The Cpf1 mutant protein may be an LbCpf1 mutant protein. According to one embodiment, the LbCpf1 mutant protein has a superior trans-cleavage activity enhancement effect compared to the AsCpf1 mutant protein containing a mutation at the corresponding position.

Additionally, the present invention can provide a polynucleotide encoding the above-described Cpf1 mutant protein.

For example, the polynucleotide encoding the Cpf1 mutant protein may be one in which certain nucleotides are mutated in the polynucleotide sequence of SEQ ID NO: 3. SEQ ID NO: 3 may be a sequence encoding wild-type LbCpf1.

The Cpf1 mutant protein may be produced by inducing site-directed mutation at positions 3073 to 3078 in the polynucleotide sequence of SEQ ID NO: 3 (mutation at positions 3073 to 3078: aag aag -> gcg gcg ). The Cpf1 mutant protein may be produced by inducing a specific site mutation at positions 3094 to 3099 in the polynucleotide sequence of SEQ ID NO: 3 (mutation at positions 3094 to 3099: gac agg -> gcc gcg ).

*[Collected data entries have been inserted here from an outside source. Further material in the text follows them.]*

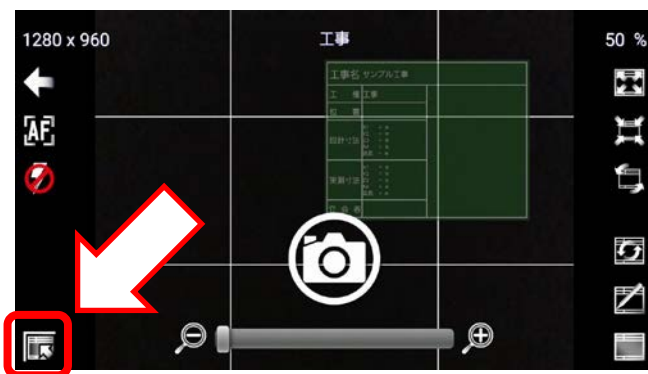

### 修正履歴

- 〔 1 〕 写真撮影画面：端末の画面ロックの種類が「なし」が設定されている場合、スリープからの復帰時に

端末本体カメラからの情報（映像）が再配信されず、撮影画面が固定され写真撮影できなくなる現象を修正。

特定の機種や機種の状態によっては、撮影可能に復帰するまで1・2秒程度かかる場合もありますのでご了承ください。

<画面ロック設定画面の例>

機種により設定画面の呼び出し方法が異なります。

それぞれの機種でヘルプ等をご覧ください。

- 〔 2 〕 写真撮影画面：一部端末（不特定機種で個体毎）で、黒板が撮影画面の領域外に移動してしまう現象での対策として

以下2種類の黒板位置情報初期化機能を追加。

1. 撮影画面左下に「黒板位置初期化」ボタンを追加。

2. 設定で撮影解像度を変更した際に自動で初期化。

〔 4 〕 写真撮影画面：黒板の種類を追加。

横：116

工事名			
工種			測点
名称	設計値	実測値	
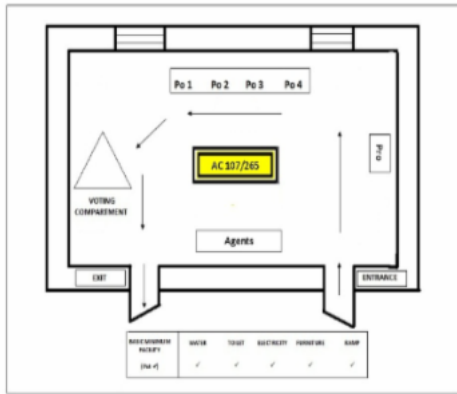

নির্বাচক নিবন্ধন আধিকারিকের স্বাক্ষর

Nazri Naksha

Google Map View

Polling Station Building Front View

Polling Station Front View

Cad View

Key MAP View

বিধানসভা নির্বাচনক্ষেত্রের নং, নাম : 107-নোয়াপাড়া
ভাগ নং, নাম : 1-উত্তর তেলেনী পাড়া
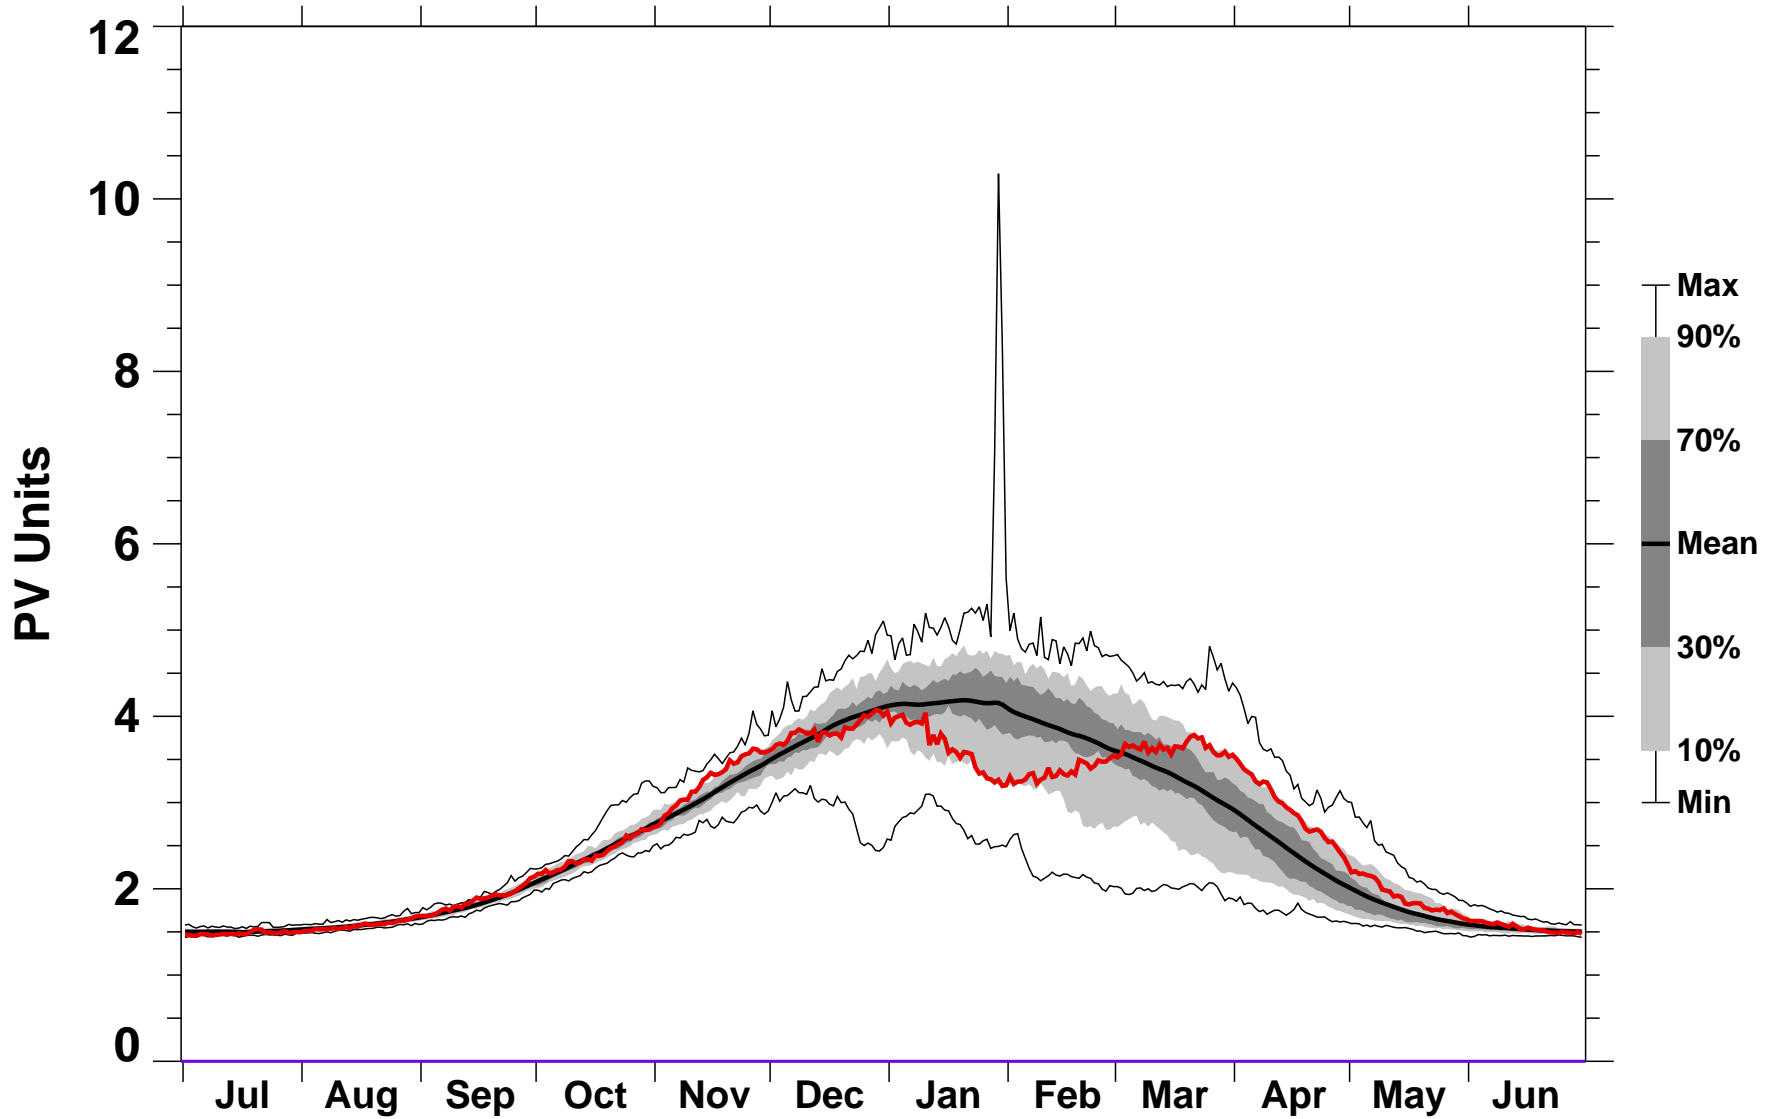

# NH Maximum MPV 600 K MERRA2

1978/1979–2022/2023

2020/2021

The Cpf1 mutant protein may be produced by inducing a specific site mutation at positions 3148 to 3150 in the polynucleotide sequence of SEQ ID NO: 3 (mutation at positions 3148 to 3150: aag -> gcg ).

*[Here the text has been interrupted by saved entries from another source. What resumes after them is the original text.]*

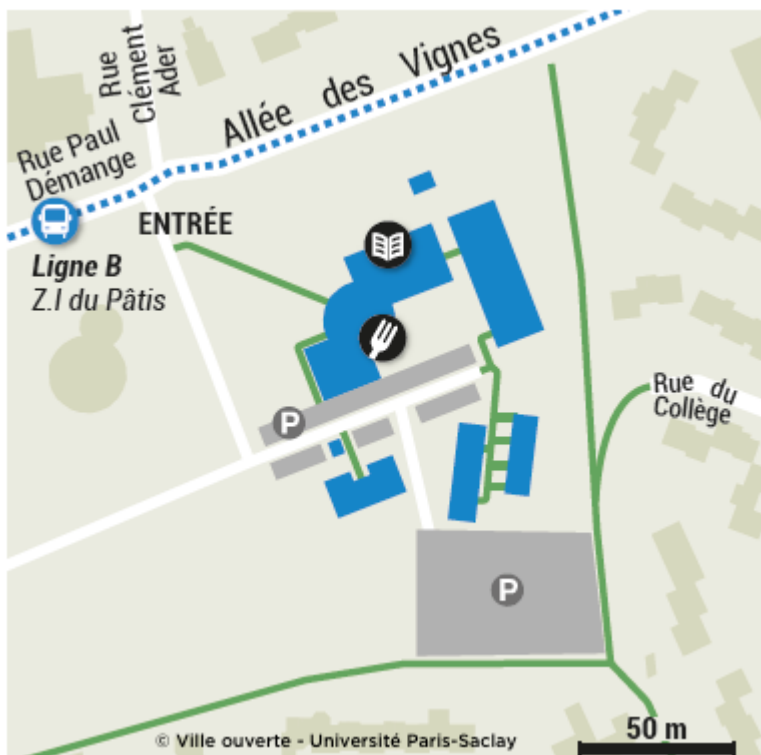

### Cette antenne héberge :

» L'IUT de Vélizy-Rambouillet

### Accès en bus :

---

De la gare de Rambouillet prendre la ligne B direction Clairbois, arrêt Z.I. du Pâtis.

### Accès en voiture :

---

Par la route nationale 10, dans le sens Paris-Provence : sortie Rambouillet La Clairière, suivre "Z.I du Pâtis", bâtiments face à VEOLIA.

The Cpf1 mutant protein may be produced by inducing a mutation at a specific site at positions 3181 to 3186 in the polynucleotide sequence of SEQ ID NO: 3 (mutation at positions 3181 to 3186: aag aag -> gcg gcg ).

The Cpf1 mutant protein may be produced by inducing a specific site mutation at positions 3235 to 3240 in the polynucleotide sequence of SEQ ID NO: 3 (mutation at positions 3235 to 3240: aag aag -> gcg gcg ).

The Cpf1 mutant protein may be produced by inducing a mutation at a specific site at positions 3286 to 3291 in the polynucleotide sequence of SEQ ID NO: 3 (mutation at positions 3286 to 3291: aag gag -> gcg gcg /aag gag -> ata ata /aag gag -> ctg ctg /aag gag -> gtg gtg /aag gag -> ttt ttt ).

The Cpf1 mutant protein may be produced by inducing a specific site mutation at positions 3301 to 3303 in the polynucleotide sequence of SEQ ID NO: 3 (mutation at positions 3301 to 3303: aag -> gcg ).

The Cpf1 mutant protein may be produced by inducing a specific site mutation at positions 3358 to 3363 in the polynucleotide sequence of SEQ ID NO: 3 (mutation at positions 3358 to 3363: gac aag -> gcc gcg ).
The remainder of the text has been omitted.